Oil prices crossed $100 per barrel for the first time since the war began. The US had effectively admitted it cannot control the Strait of Hormuz, Fortune noted. Iran warned prices could hit $200 if attacks continue.

The mathematics are stark. The Strait of Hormuz typically handles 21% of global petroleum liquids. Iraq’s terminals add another 3% of global crude supply. Combined disruption of both chokepoints removes roughly one-quarter of daily oil flows.

The Strategic Calculation

March 12 presents Iran’s calculated strategy: offer diplomatic terms while escalating economic pressure. Iran wants a negotiated exit. The ship attacks ensure it gets one by weaponizing global energy markets until Washington accepts its conditions.

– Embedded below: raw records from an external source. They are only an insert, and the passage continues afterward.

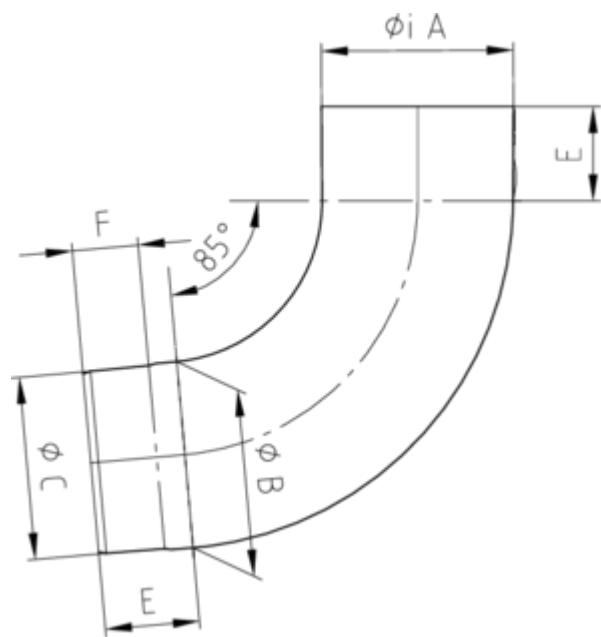

**ROHRBOGEN 85°**

<b>Art.-Nr.:</b>	<b>66210</b>
<b>Nenngröße [mm]:</b>	<b>100</b>
<b>Material:</b>	<b>Quartz-Zinc</b>
<b>Ablaufleistung[l/s]:</b>	<b>10,7</b>

**Maße [mm]:**

A	B	C	E	F
100,4	99	96,8	50	35

**Hinweis:**

Stumpfgeschweißt mit Einzug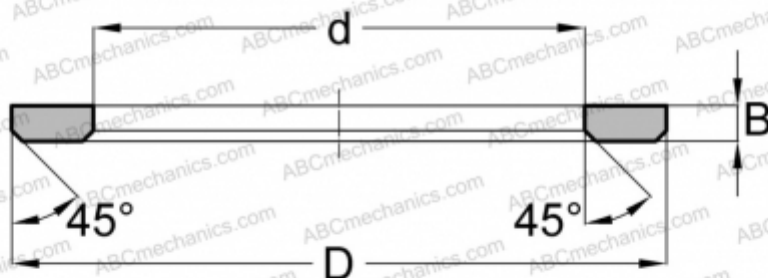

AS1226 ABC

Кольца упорных подшипников

ТИП: Детали подшипников качения и принадлежности, Тела качения, Кольца упорных подшипников, Тип AS, подходят к АХК, К811..

Технические характеристики

РАЗМЕРЫ, ММ

d	12,000
D	26,000
B	1,000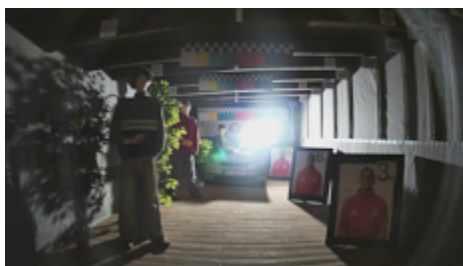

Obraz w warunkach nocnych przy oświetleniu sceny podanym poniżej:

10 LUX:

1 LUX:

0.1 LUX:

OPAKOWANIE

Wymiary (Dł. x Szer. x Wys.): 0x0x0 mm	Waga brutto: 0 kg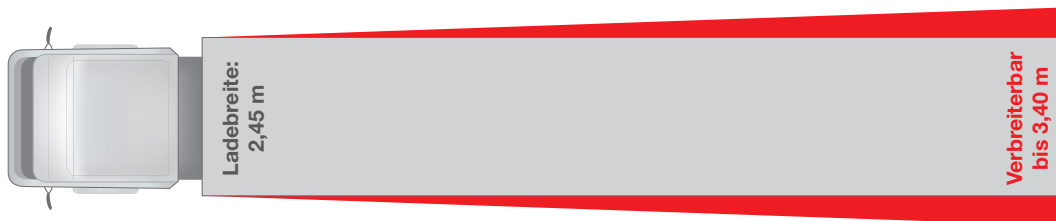

# › Tautliner - Sattelzug

NUTZLAST: 25 to.

- › SPEDITION
- › LOGISTIK
- › SPEZIALTRANSPORTE  
UNTER PLANE
- › EUROPaweIT

Spedition DIEZ GmbH  
Kirchheimerstr. 175  
D-73265 Dettingen/Teck

Tel.: +49 (0) 70 21 / 98 31 - 0  
Fax: +49 (0) 70 21 / 98 31 - 50

Gesamtlänge: 16,50 m

34 Paletten-Stellplätze

64 Gitterboxpaletten

**EUROPAWEITE DAUERGENEHMIGUNG BIS 3M BREITE**

**Ladenflächen-Skizze** (Maßstab 1:100 - Bitte vermeiden Sie eine Skalierung beim Ausdruck!)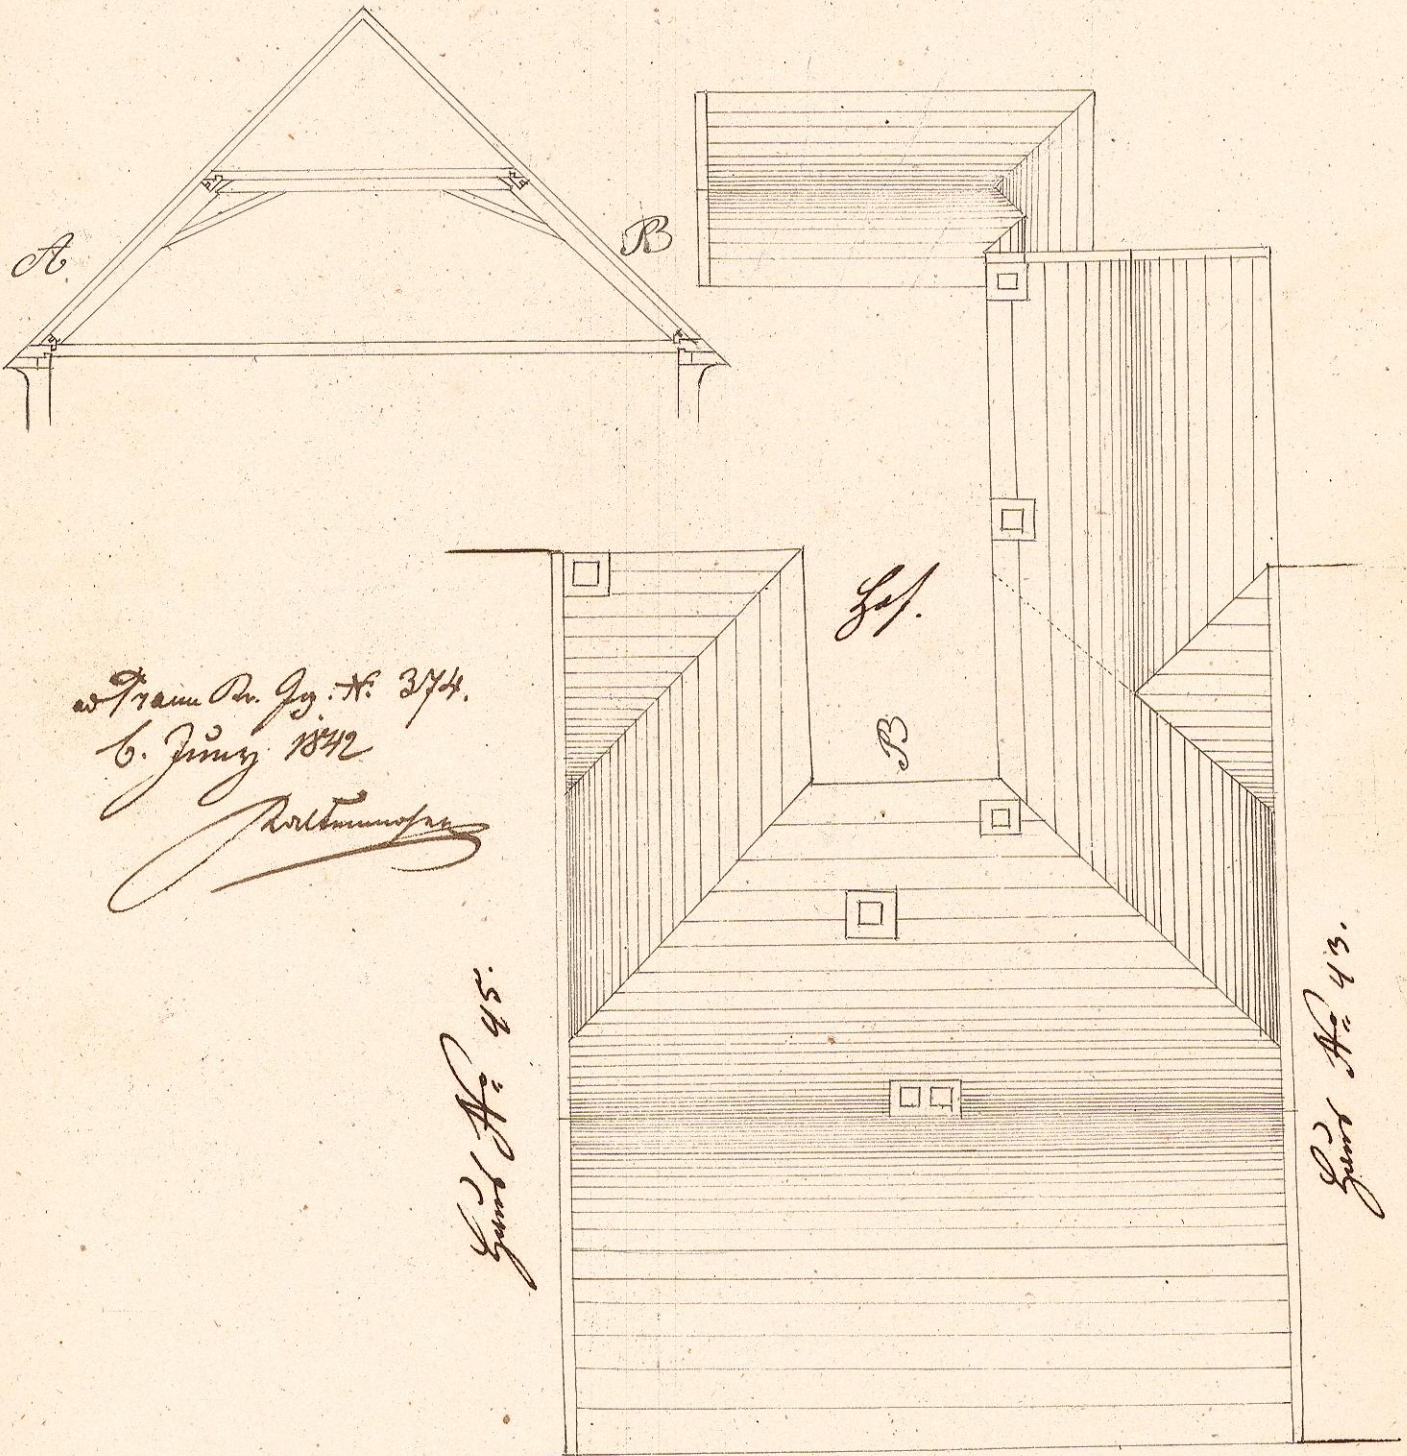

Bauplan zum Gungstellung eines Zingulhauses über dem
 am May 842 abgekauften Adalufens des h. Mathias Metz.
 Jahre in der Altstadt Linz Nr. 44 in der Landstrasse
 Gasse zu Stadt Linz.

ad. Gram. Per. Jg. N. 374.
 6. Juny 1842
 [Signature]

Grund Nr. 45.

Grund Nr. 43.

Maßstab 1:10
 Linz den 26. May 1842
 Carl Hoff Zimmerl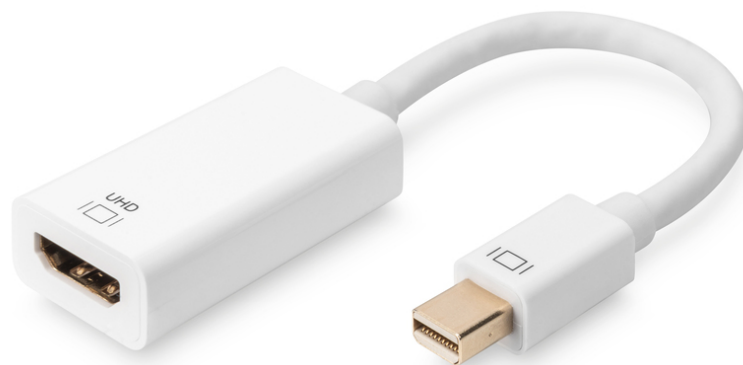

# DIGITUS Câble adaptateur Mini DisplayPort actif vers HDMI

AK-340416-002-W  
EAN 4016032427490

## DisplayPort adapter cable, mini DP - HDMI type A M/F, 0,2m, HDMI 2.0, active, CE, gold, wh

Le convertisseur 4K Mini DisplayPort vers HDMI (connecteur Mini DisplayPort vers prise HDMI) vous permet d'afficher le contenu de votre ordinateur de bureau ou portable directement sur votre téléviseur. En outre, il prend en charge une résolution allant jusqu'à 4096 x 2160. Ainsi, vous pouvez afficher vos images, vidéos, documents, présentations etc. en ultra HD et les utiliser de façon optimale lors des réunions ou dans le domaine privé.

### Prise en charge de la fonctionnalité HDMI 2.0

- Intègre un récepteur DisplayPort intégral et un émetteur HDMI intégral pour la conversion au format audio
- Intègre un émetteur HDMI 2.0, jusqu'à la prise en charge des vidéos de résolution 4K x 2K à 60 Hz, 4K x 2K à 30 HZ et 1080P/3D.
- Compatible DP++ double mode
- Prend en charge les voies DisplayPort 1.2 et 4 à 1,62 Gbit/s, 2,7 Gbit/s et 5,4 Gbit/s
- Prise en charge de la protection de contenu Full HDCP 1.4/2.2.
- Couleur intense, 24 bits

- Formats d'entrée audio : Format LPCM à 8 canaux, audio compressé (AC-3, DTS) et audio HBR jusqu'à une taille d'échantillonnage de 24 bits audio et un nombre d'images par seconde de 192 khz.
- AWG: 32
- Connecteur 1: Connecteur Mini DP
- Connecteur 2: Connecteur HDMI Type A
- Connecteur Surface: plaqué nickel
- Couleur du câble: blanc
- Couleur du connecteur: blanc
- Filtres en ferrite: aucun
- Matériau du conducteur: Cu
- Norme DisplayPort: DisplayPort 1.2
- Norme HDTV: Ultra HD 4K
- Protection de contact: moulé
- Verrouillage: aucun
- Longueur: 0.2 m
- AOC - Câble Optique Actif: Non
- Blindage: Double blindage

Iran’s infrastructure has already been devastated after two weeks of strikes. Yet Iran maintained operational capacity to attack shipping. President Trump declared Iran “at the end of the line” and warned the US could “devastate key infrastructure.” But Iran has absorbed maximum punishment and still controls the energy chokepoint.

The UN vote creates diplomatic space for negotiations. Resolution 2817 demands Iran stop exactly what it escalated on March 12: attacks on Gulf shipping and closure of the Strait of Hormuz.

Iran forces a choice: accept our ceasefire terms or watch oil markets spiral beyond $100 per barrel.

Every day the Strait remains closed costs the global economy billions in trade flows. Iraq’s oil terminals alone represent $350 million in daily export revenue.

Iran named its price. The world is about to find out if anyone is willing to pay it.